* **What to work on**:
Would you please copy each line below that includes the string "świecenia"?

Items listed in a dataset:
------------------------------------------------------------

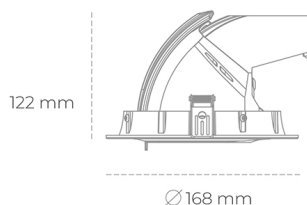

DOWNLIGHT QUNA A MINI 830 27W 36° WHITE | ON/OFF

LED	COB
Barwa światła	3000 [K] |
CRI	80
Strumień led chip	3811 [lm]
Strumień światła z oprawy	3048 [lm]
Zasilanie systemu	27 [W]
Wydajność oprawy oświetleniowej	113 [lm/W]
Kąt świecenia	36°
Sterowanie	ON/OFF
MacAdam	3 SDCM

Downlight LED

Oprawa typu downlight przeznaczona do montażu w sufitach podwieszanych. Obudowa oprawy wykonana ze stopów aluminium. Posiada szklaną przesłonę. Dostępna w kolorze białym, czarnym oraz na zamówienie istnieje możliwość lakierowania na dowolny kolor z palety RAL. Obudowa pozwala na regulację w dwóch płaszczyznach. Dostępne odbłyśniki w kątach 15, 24, 36 i 60 stopni. Maksymalna moc lampy to 30W.

OPRAWA

Waga	1,2 [kg]
Ochronność IP , IK , klasa	IP 20, IK 3,
Kolor oprawy	WHITE
Rodzaj przesłony	Glass
Napięcie zasilania	220-240V 50-60Hz

Uwaga: Wszystkie dane są wartościami typowymi. Tolerancja pomiarów +/-10%. Funkcje systemu mogą ulec zmianie wraz z ulepszeniami produktu ze względu na postęp techniczny.

OPCJE

kolor oprawy do wyboru z palety RAL - na zapytanie, przesłona antyodbleniowa "plaster miodu", możliwość sterowania mocą świecenia za pomocą systemu CASAMBI / DALI / PHASE CUT

Wygenerowano: 16.07.2024

+48 32 388 80 00

www.cora.pl
cora@cora.pl

Ulica: Ignatza Hakuby 18
41-914 Bytom, Polska
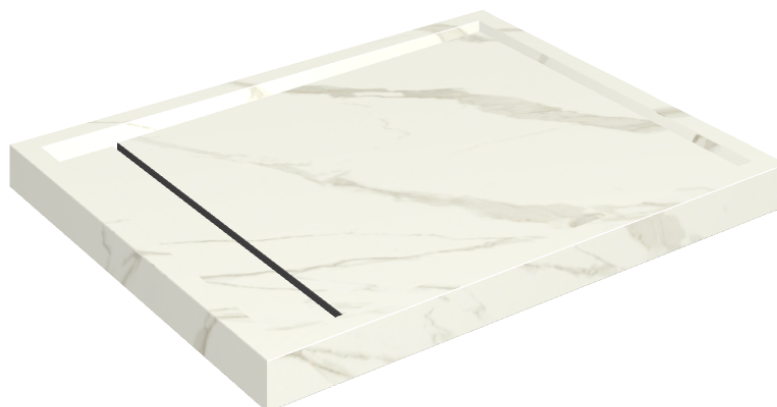

# Diamond

## Shower Tray 100

**Rivestimento del  
prodotto**Metropolis Calacatta  
Gold Naturale

I colori e le altre caratteristiche estetiche delle piastrelle presenti nelle illustrazioni presenti sul sito sono puramente indicativi. Guarda sempre i campioni di persona prima dell'acquisto.
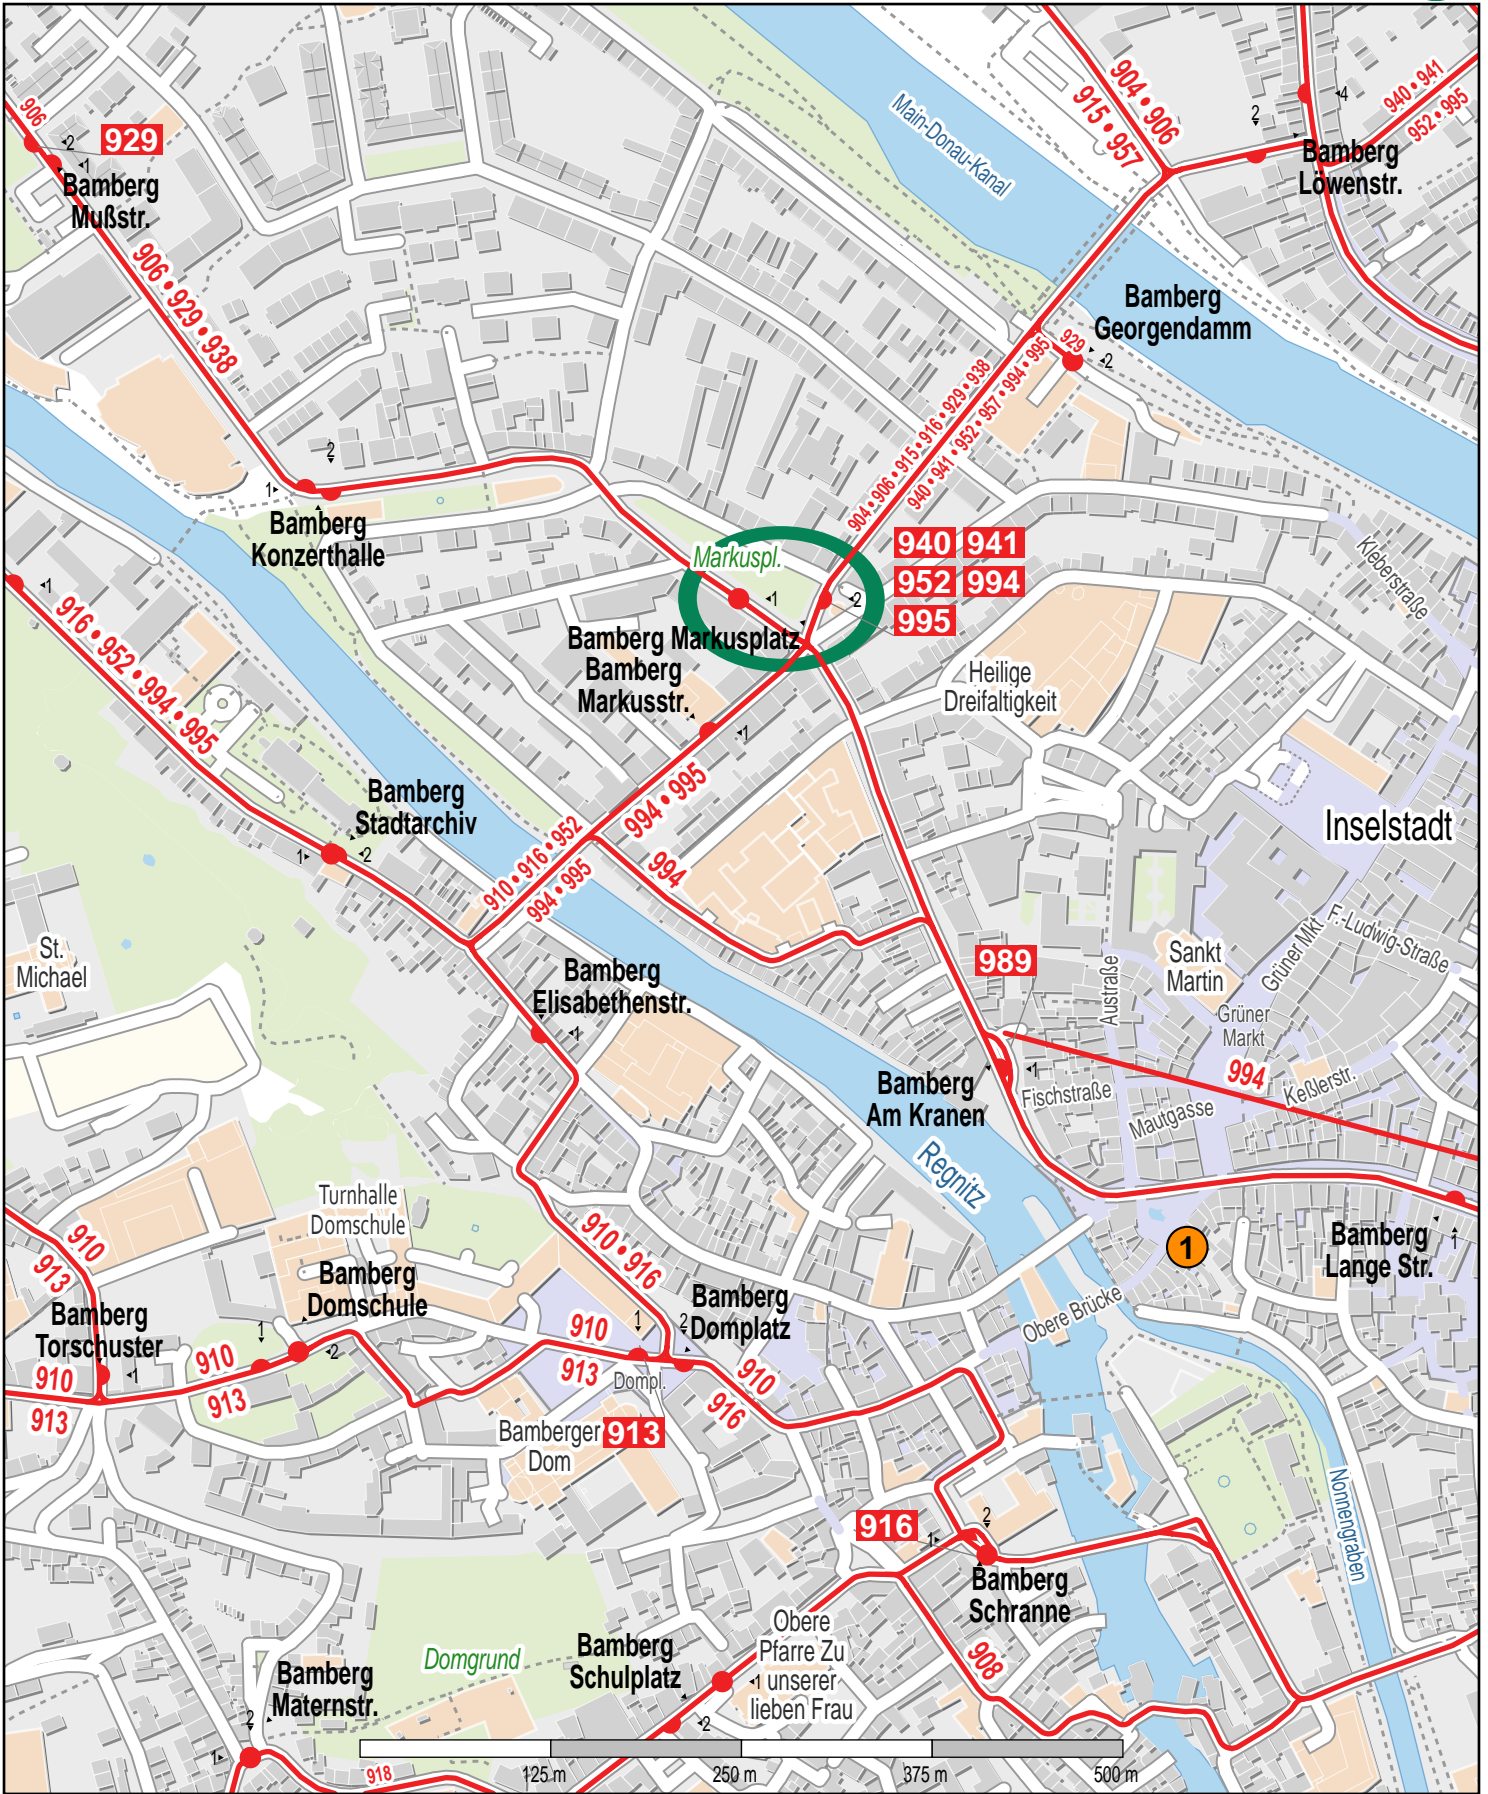

Haltestelle Bamberg Markusplatz

© OpenStreetMap-Mitwirkende
— Bus

1 VGN-Verkaufsstelle Schreibwaren Klee Obstmarkt 2

------------------------------------------------------------

* **Solution to this exercise**:
Kąt świecenia	36°
kolor oprawy do wyboru z palety RAL - na zapytanie, przesłona antyodbleniowa "plaster miodu", możliwość sterowania mocą świecenia za pomocą systemu CASAMBI / DALI / PHASE CUT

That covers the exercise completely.